J.K. Rowling Interviews: 'Harry Potter' Author Reveals Why Harry Named His Son After Severus Snape

J.K. Rowling Reads Harry Potter At White House
J.K. Rowling at the White House for an Easter Egg event on April 2010. |

For most of his time in Hogwarts, Harry Potter hated his Potions professor Severus Snape, and the feeling is mutual because of Snape's dislike of Harry's father James.

In fact, Harry was never inclined to think that Snape is a reformed Death Eater, and mistrusts him even though Snape has headmaster Professor Albus Dumbledore's full trust.

However, in the epilogue for "Harry Potter and the Deathly Hallows," fans learned that Harry and his wife Ginny Weasley actually named their second son Albus Severus. The name Albus comes as no surprise given Harry's loyalty and kinship with Dumbledore, but Severus had always been a curious choice.

Now, "Harry Potter" author J.K. Rowling is providing the answer why, according to news.com.au.

A fan asked Rowling on Twitter, "Why did you pick Snape to name Harry's kid after? I'm genuinely curious as he was nothing but abusive towards everyone."

She replied: "Snape died for Harry out of love for Lily. Harry paid him tribute in forgiveness and gratitude."

Rowling's answer caused quite the divide among of "Harry Potter" fans, who all had their thoughts regarding the matter. Rowling was so overwhelmed by the response her tweet caused that she later admitted, "I've got to say this: you lot have been arguing about Snape for years. My timeline just exploded with love & fury yet again. Never change x"

Fans still weren't contented with Rowling's explanation, and kept bugging her for more details. One Twitter user even wrote, "Kind of strange you'd say 'in forgiveness', I mean Snape held no malice against Harry (which Harry came to know, eventually)."

Rowling then replied: "That's not true, I'm afraid. Snape projected his hatred and jealousy of James onto Harry."

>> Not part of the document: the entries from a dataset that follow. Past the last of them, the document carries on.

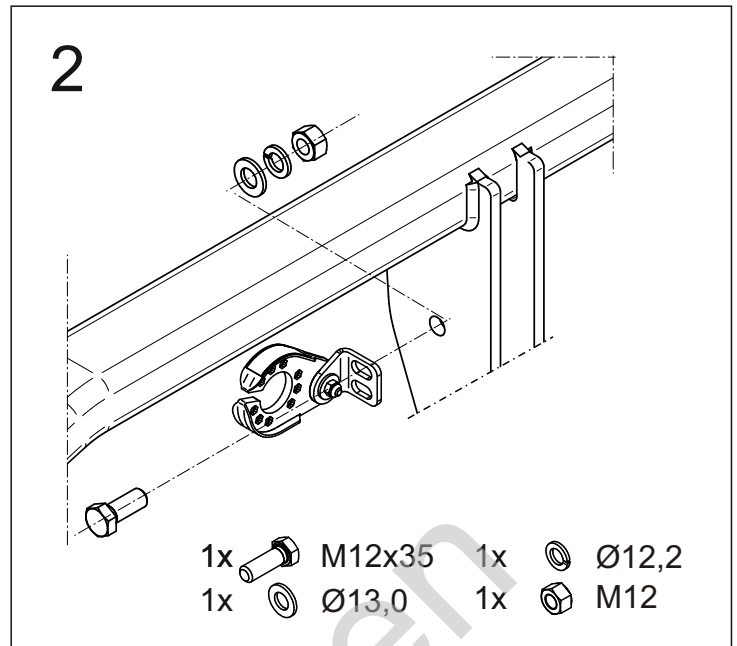

OPTION

Olifant trekhaken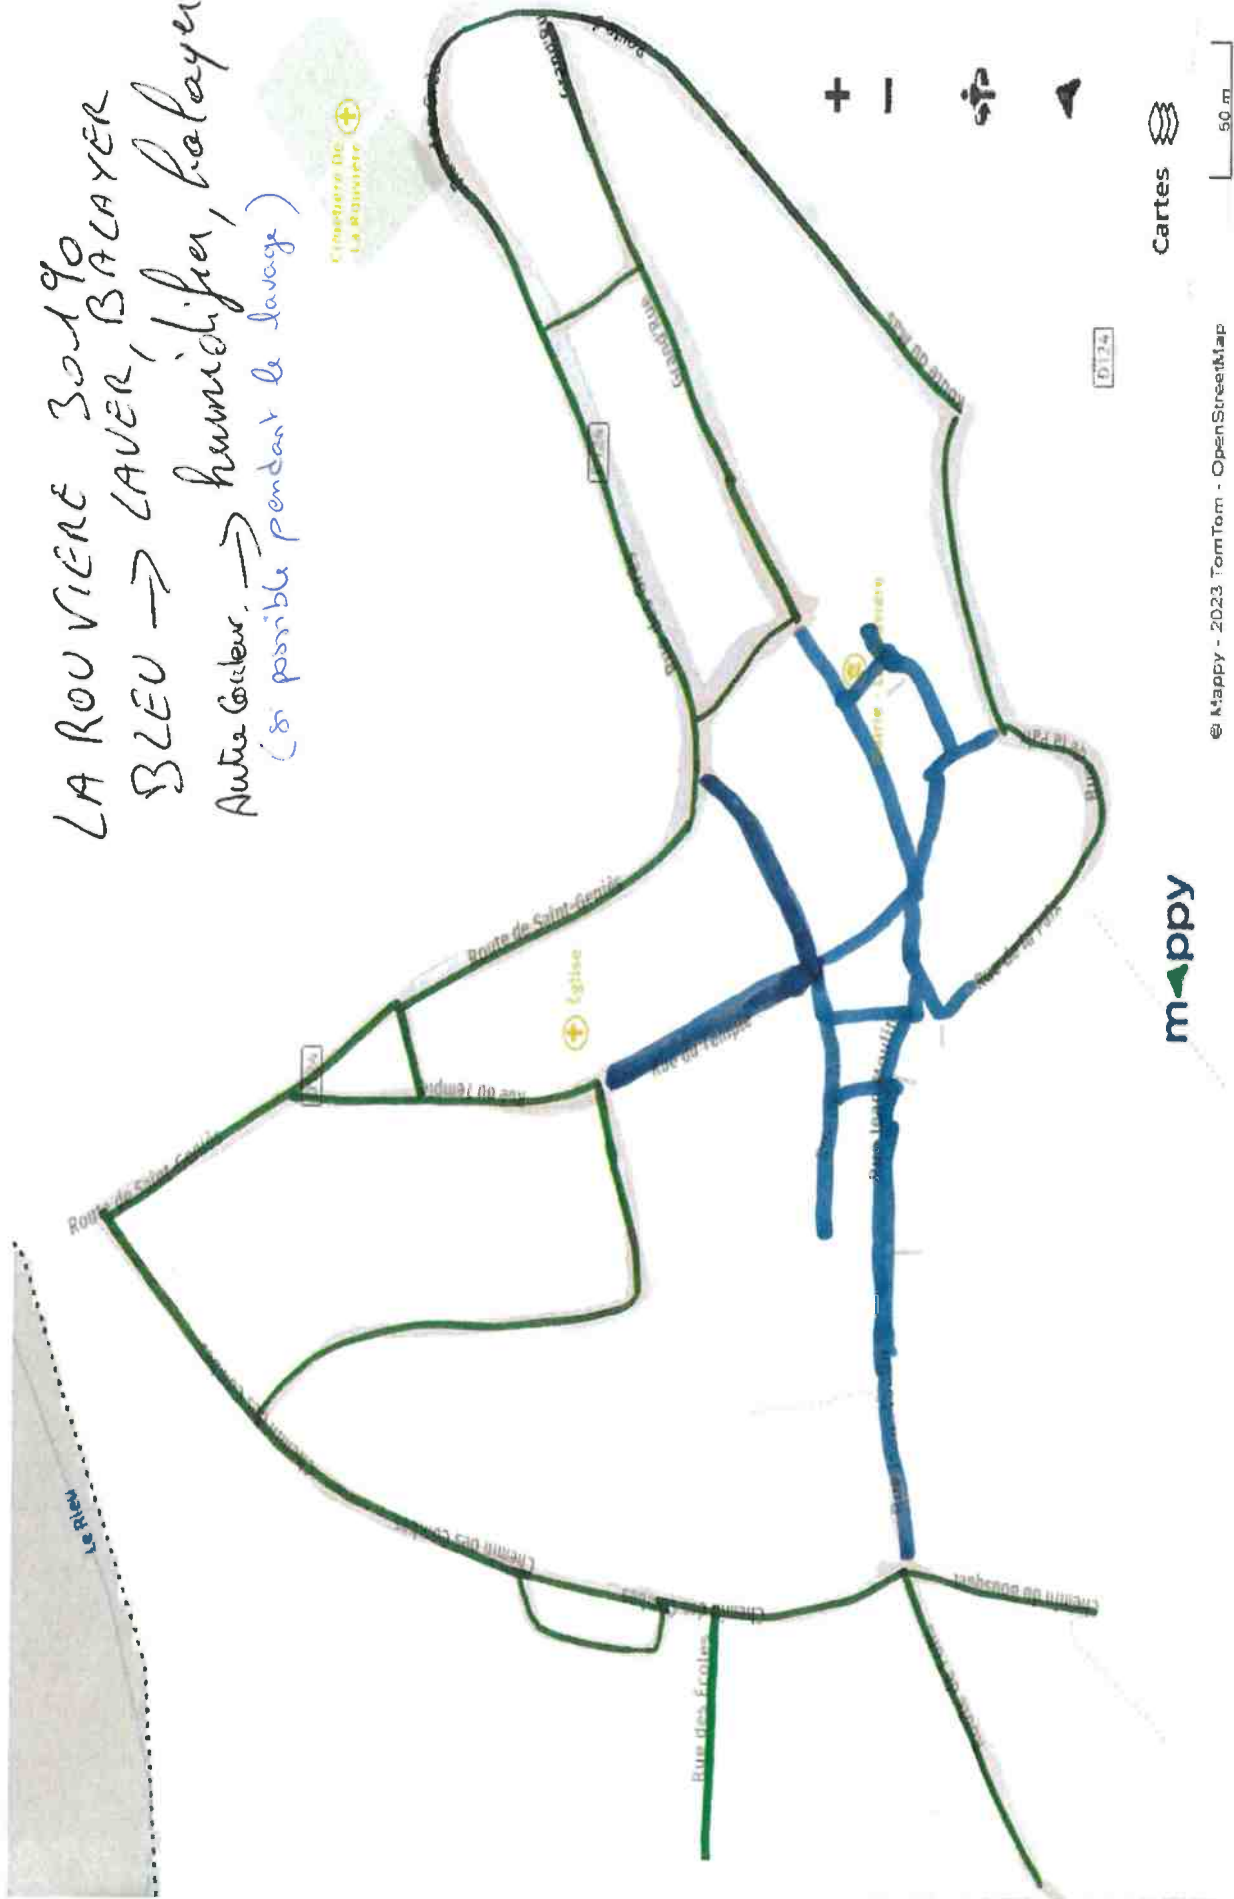

LA ROUVIERE 30-190
BLEU → LAVER, BACALAYER
Autre couleur → humidifier, balayer
(si possible pendant le lavage)

MONTAGNAC

MONTIGNARGUES

 *lavage et Balayage.*

PARIGNARGUES

PARIGNARGUES

PARIGNARGUES

INDEX DES RUES

Bennes (chemin des)	D4-D5-D6
Bois (chemin des)	B4-C4
Bois (déviation du)	A4-A5
Can (rue du)	D3
Ecole (rue de l')	C4
Fons (route de)	C4-C5-C6
Four (rue du)	C3
Foyer (rue du)	C3
Gourgong (chemin de)	D1
Iris (Impasse des)	C3
Lauret (chemin de)	B3-B4
Lauriers (rue des)	C3
Liberté (avenue de la)	C3-C4
Loubatières (chemin des)	C4-C5-C6
Mas Roux (chemin du)	D1-D2
Montagnac (chemin de)	A5-B4-C4
Montignargues (chemin de)	C3
Mûriers (rue des)	C3
Nîmes (chemin de)	C4-D4-E4
Pègue (chemin de la)	E2
Porche (rue du)	C3
RD 221	C2
RD 7	D1
Rosiers (impasse des)	C3-C4
(La) Rouvière (chemin de)	D3-E3
St-Généys (route de)	D2-D3-C3
St-Généys (ancienne route de)	D2
Stade (rue du)	C4-D4
Temple (rue du)	C3-C4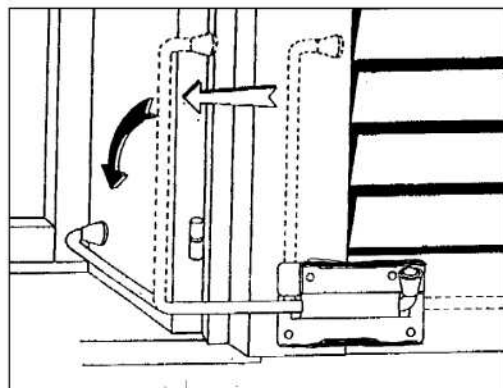

Ferma persiane per anta esterna

Arret et fermeture pour persienne exterieur
Stopper for shutters
Retendor de persianas

Art. 638

con vite e tassello - nero
avec vis et cheville - noir
with screw - black
con tornillo - negro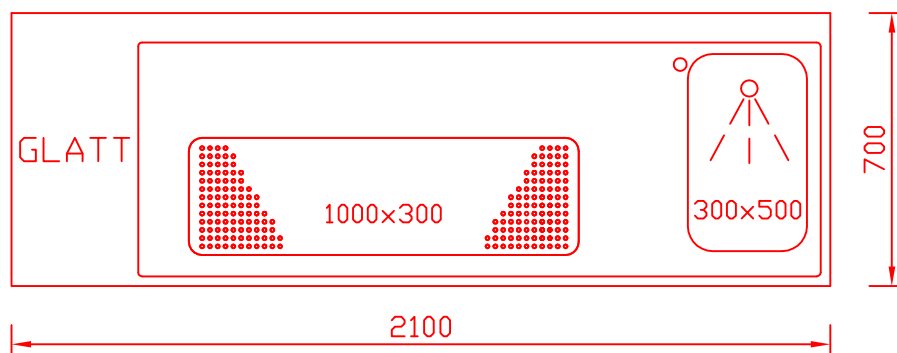

RWM 2100 G - Bestell-Nr. 42126290

CNS-Flaschenrost
mit Stellschienen
Best.-Nr.: 3500

GZ-35/35
Doppelauszug 1/2-1/2
Best.-Nr.: 40210

GZ-31/39
Doppelauszug 1/3-2/3
Best.-Nr.: 40110

GZ-39/31
Doppelauszug 2/3-1/3
Best.-Nr.: 40120

GZ-22/22/22
Dreierauszug 3/3
Best.-Nr.: 40300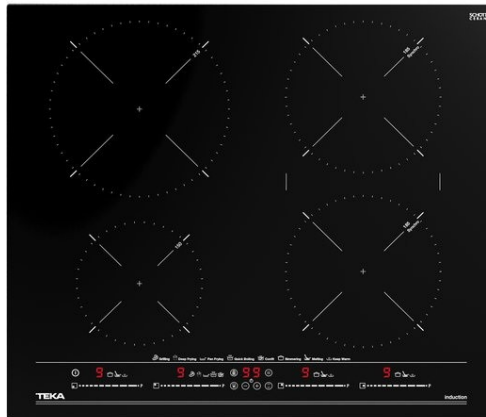

# ITC 64630 BK MST PLACA DE INDUCCIÓN MASTERSENSE 60CM

Easy  
installation

Seguridad por  
Termopar  
integrada

MultiSlider

Función Power

Función Power  
Plus

DESCRIPCIÓN

PLACA DE INDUCCIÓN MASTERSENSE 60CM

GAMA

Total

COLORES

REFERENCIA

REF. 112500023  
EAN. 8434778011739

**CARACTERÍSTICAS**

Marco metálico Slim  
Touch Control Multislíder Pro con sensores acústicos y bloqueo de seguridad (uno para cada placa de cocción)  
Función Synchro: cocción simultánea de las dos zonas de Ø180 mm  
Función Power Plus  
Función STOP & GO  
Programador del tiempo de cocción hasta 99 minutos con avisador acústico (posibilidad de programar todas las placas a la vez)  
Programador del tiempo de cocción hasta 99 minutos con avisador acústico (posibilidad de programar todas las placas a la vez)  
Función Mute  
Detector de recipientes  
Funciones especiales de cocción iCooking: iQuick Boiling, simmering, melting y mantenimiento de calor  
Sistema de optimización del recipiente  
Función limitación potencia  
Indicadores de calor residual  
Potencia nominal máxima: 7.400 W

## DIMENSIONES

Altura del producto (mm): 53  
Anchura del producto (mm):  
606  
Profundidad del producto  
(mm): 516  
Longitud del producto (mm):  
Peso del producto (Kg): 10,7

### MEDIDAS DE AJUSTE

Built-in Ancho (mm): 560  
Incorporado en profundidad (mm): 490  
Incorporado Altura (mm): 46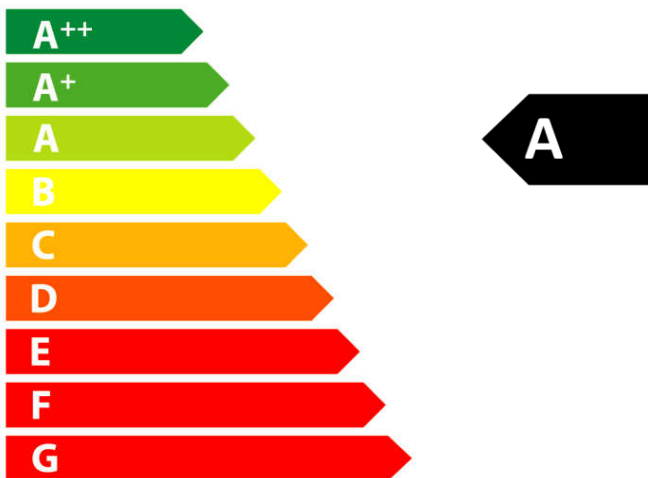

ENERG

енергия · ενεργεια

Global 100 Triple BF RCE

7,5
kW

-
kW

ENERGIA · ЕНЕРГИЯ · ΕΝΕΡΓΕΙΑ · ENERGIJA · ENERGY · ENERGIE · ENERGI

2015/1186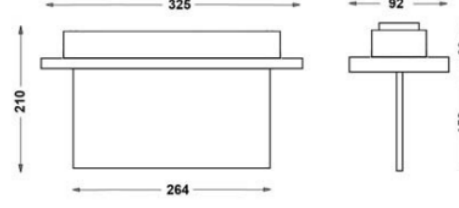

Sipariş Kodu	W	Lm	Kullanım Şekli	Batarya	WxHxL (mm)	Tavan Kesim Ölç (mm)	Kg
80521.000.016-İK16	1.2	20	Tek Yüzlü	3H	92x210x264	295x50	0,33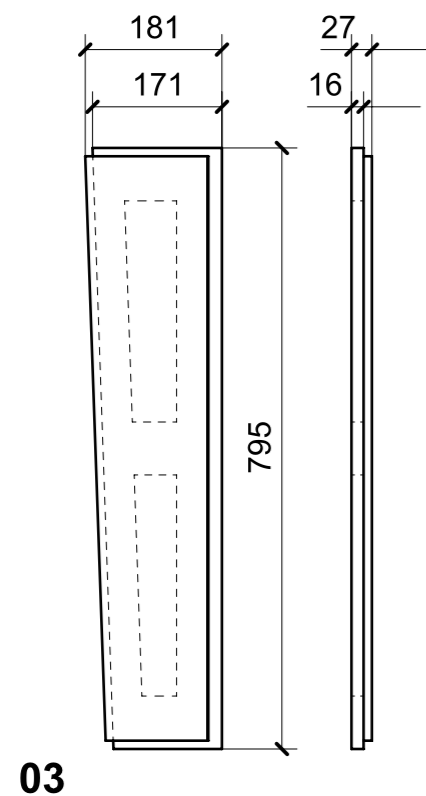

LOCALE	CODICE	DESCRIZIONE COMPONENTE	FINITURA	Q.TA
CABINA ARMATORE	MD298_X01_AA01	STRUTTURA MURATA DX	LAMINATO SM'ART 3104 CORDA LACCATA	1

LOCALE	CODICE	DESCRIZIONE COMPONENTE	FINITURA	Q.TA
CABINA ARMATORE	MD298_X02_AA01	STRUTTURA MURATA DX	LAMINATO NERO OPACO	1

LOCALE	CODICE	DESCRIZIONE COMPONENTE	FINITURA	Q.TA
CABINA ARMATORE	MD298_X02_AE01	STRUTTURA MURATA SX	LAMINATO NERO	1

LOCALE	CODICE	DESCRIZIONE COMPONENTE	FINITURA	Q.TA
CABINA ARMATORE	MD298_X01_AE01	STRUTTURA MURATA SX	LAMINATO SM'ART 3104 CORDA LACCATA	1

01

02

LOCALE	CODICE	DESCRIZIONE COMPONENTE	FINITURA	Q.TA
CABINA ARMATORE	MD298_X01_AS01	CIELINO MURATA SX	LAMINATO SM'ART 3104 CORDA LACCATA	1

LOCALE	CODICE	DESCRIZIONE COMPONENTE	FINITURA	Q.TA
BAGNO ARMATORE	MD298_X01_WA01	STRUTTURA MURATA	LAMINATO SM'ART 3104 CORDA LACCATA	1

LOCALE	CODICE	DESCRIZIONE COMPONENTE	FINITURA	Q.TA
BAGNO ARMATORE	MD298_X02_WA01	STRUTTURA MURATA	LAMINATO NERO	1

LOCALE	CODICE	DESCRIZIONE COMPONENTE	FINITURA	Q.TA
BAGNO ARMATORE	MD298_X01_WB01	RIV. PARETE DI POPPA	LAMINATO NERO	1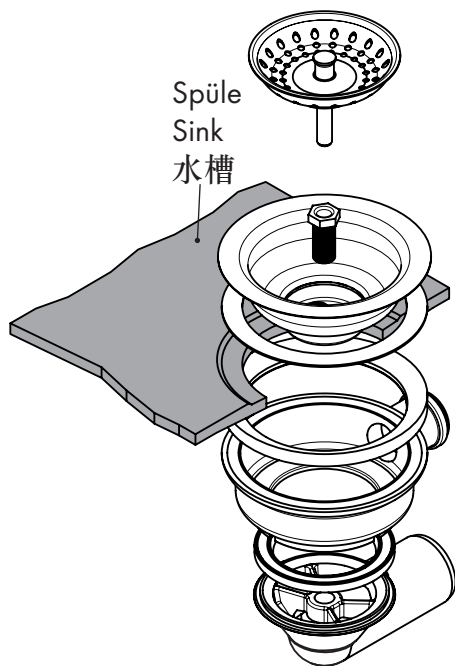

Nach der Montage alle Muttern fest anziehen!  
After mounting tighten all nuts firmly!  
安装完成后拧紧所有组件!

Hansgrohe

Drain

**1x 43804000**

Made in Germany

4 011097 821849

7/2016  
9.05476.01  
629314/HG

Ihr Online-Fachhändler für:

"There's a whole essay in why Harry gave his son Snape's name, but the decision goes to the heart of who Harry was, post-war," she continued. "This morning I've been thinking a lot about the appeal of simple dichotomies in our messy world, then you raise Snape! Highly appropriate. Snape is all grey. You can't make him a saint: he was vindictive & bullying. You can't make him a devil: he died to save the wizarding world."

Rowling teased all the "Snape-lovers, haters, and in-betweeners" by concluding her explanation: "In honouring Snape, Harry hoped in his heart that he too would be forgiven. The deaths at the Battle of Hogwarts would haunt Harry forever."